When Gerry Crehan retired recently from managing the Silliot Hill recycling and waste distribution facility, he ended a 13-year period during which he oversaw major changes in how waste is dealt with in Co Kildare.

gerrycrehan

That was just a small part of his 38 years of service with Kildare County Council. He worked initially with the Waterworks Department in Newbridge, then joined the newly set-up Environment Department in the Council.

“The Water Pollution Act had just come into force, so our early work required us to licence all firms in the county who were discharging anything into the sewerage system. Later it expanded to air quality, noise problems and that kind of thing.”

It was all about trying to bring industry in the region into the 20th century in environmental terms. “The bigger companies took to it easily, some of the older ones found it a bit strange. Farming practices, for instance, gave us particular pollution issues.”

At the time, the County Engineer was John Carrick, whom Gerry remembers as a ‘very far-seeing’ man who believed in education as the best way of regulation. “Between ourselves, Teagasc and the Department of Agriculture we got a lot of good work done on the farming front, using the carrot rather than the stick.”

When he was asked to come and work at the Silliot Hill facility, it was to stand in for a week until a replacement was appointed for a person who had left.

“It turned out to be a very long week,” he says with a grin. “We were building the lined cell in what was known as ‘Joe’s Pit’, as the existing landfill area was filling up rapidly. We were also applying for an EPA licence.”

The facility at Silliot Hill was a former sand pit, converted into a ‘dilute and disperse’ landfill. As part of the original setting up, a baseline survey had been undertaken of all ground water wells in the area. Over the years it had been among Gerry Crehan’s duties to monitor that system. So he was quite familiar with the facility.

The ‘week’ stretched into two, and then three and eventually Gerry’s name on the licence as acting manager made it rather a permanent job. One which wasn’t always easy. Indeed, he had a ‘baptism of fire’ in his first year.

“When we were moving to the new lined cell, the old landfill was capped. But instead of coming straight up through the vents, the landfill gases went out sideways and under some homes on the Carnalway Road.”
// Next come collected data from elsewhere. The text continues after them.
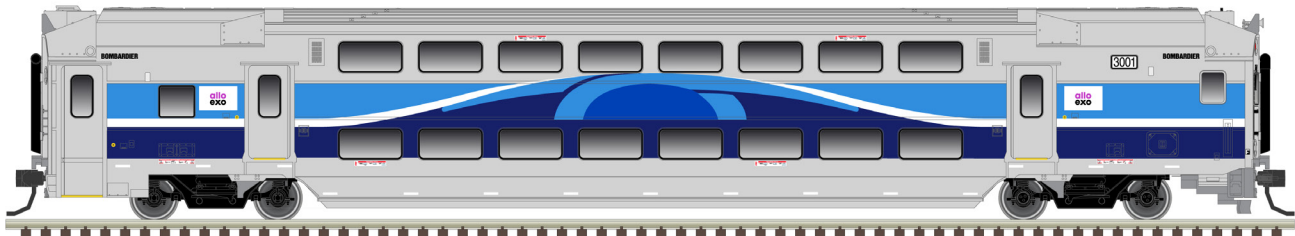

Product Info: <http://shop.atlasrr.com/d-707-ho-n-modern-commuter-cars.aspx>

ATLAS MASTER® HO & N COMMUTER TRAIN SINGLE PACKS - EXO

MULTI-LEVEL CAB CAR FEATURES:

- Illuminated directional LED headlight/ditchlights and red marker lights
- Interior includes seat details and LED illumination
- Provision for mounting a speaker
- Separately applied air horn, antenna, lift lugs, end barriers, and rubber diaphragms
- Free-rolling metal wheels

MULTI-LEVEL TRAILER CARS FEATURES:

- Interior includes seat details and LED illumination
- Separately applied lift lugs, end barriers, and rubber diaphragms
- Free-rolling metal wheels

**NEW
PAINT
SCHEMES**

Multi-Level Cab Car - Exo (Patch)
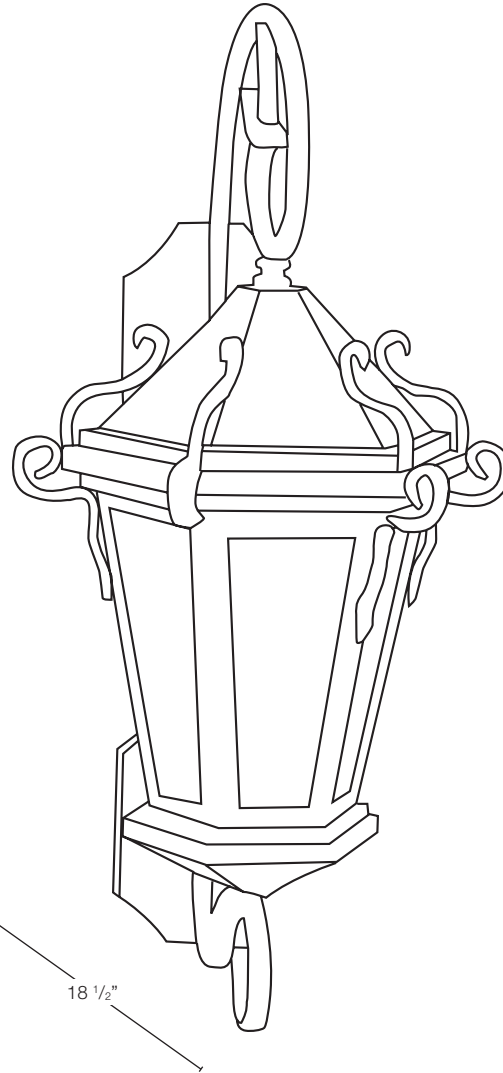

MODEL: **SPJ46-06B**
 MATERIAL: **Solid Brass**
 FINISH SHOWN: **Matte Bronze**
 GLASS: **Clear Seedy**
 ELECTRICAL: **12V or 120V**
 SOCKET: **3 Light Candelabra**
 MOUNTING: **Scroll**

LED OPTION

Integrated FB-RD8 Board & Driver
 (Standard)

GLASS

- Clear White Iridescent
- Clear Seedy Honey Swirl
- Frosted Seedy Honey Iridescent
- Frosted Rose Swirl
- White Swirl

17"

36"

18 1/2"

Wet Listed

Ordering Example

Customer Approval
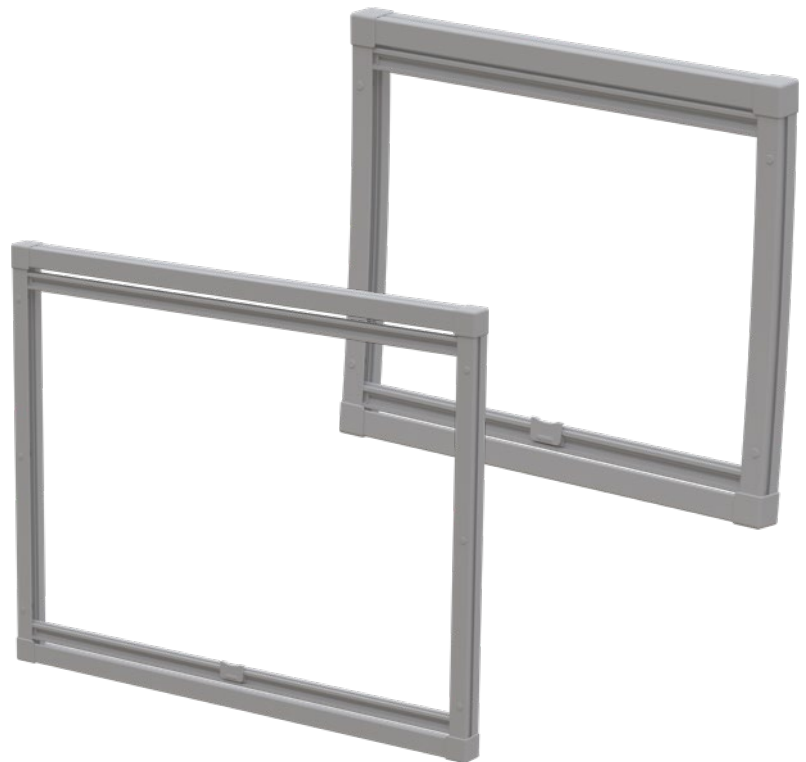

PLUTO BLIND & FLYSCREEN

Shut out the harsh sunlight and get a bug-free, peaceful ambiance inside your caravan or campervan with Lippert window blinds. With PLUTO we offer you a lightweight, manual blind system with spring-assist for easy operation.

GET A BUG-FREE, PEACEFUL AMBIANCE INSIDE.

Retractable

Retractable blind to help regulate light filtration and protect privacy

Promotes airflow

Mesh screen keeps out insects and debris while allowing fresh airflow

Durable construction

Constructed with durable PVC frame and polyester fabric blinds

Additional Features

- Resistant but light aluminum frame with pleated polyester fabric blinds
- Retractable blind to help regulate light filtration and protect privacy
- Manual sliding system with spring-assist for easier operation
- Mesh screen keeps out insects and debris while allowing fresh airflow
- Clutched sliding mechanism allows opening to any position
- Integrated aluminum handle for easy operation
- Tough ABS locking clip for improved security
- Curved version is compatible with curved-wall vans in 5000 radius
- Minimum bending radius 1700 mm
- Compatible with Polyplastic windows, flat and curved
- Fire-proof fabric options are available upon request

Blind Dimensions		Cutout Dimensions		Material	Fabric
↕ Height	↔ Width	↕ Height	↔ Width		
Flat					
485 mm	1.190 mm	350 mm	1.100 mm	Aluminum	Polyester
835 mm	1.290 mm	700 mm	1.200 mm	Aluminum	Polyester
Curved					
635 mm	580 mm	500 mm	490 mm	Aluminum	Polyester
535 mm	890 mm	400 mm	800 mm	Aluminum	Polyester

Gerry discovered this and immediately informed his then boss, County Engineer Jimmy Lynch, and County Manager Niall Bradley. “The Manager straight away got the people concerned put up in a hotel. It was just before Christmas, so it wasn’t nice that they had to spend Christmas away from their homes. But there was no option. And I remember myself, in the wind and the rain of that particular Christmas morning, I was going around checking sampling points in and around the facility.”

A new system was designed to extract the gases, and part of this was ‘flaring’ them through a pair of vents. “The blue flames were very visible at night and occasionally people would call wondering if it was spaceships landing or something.”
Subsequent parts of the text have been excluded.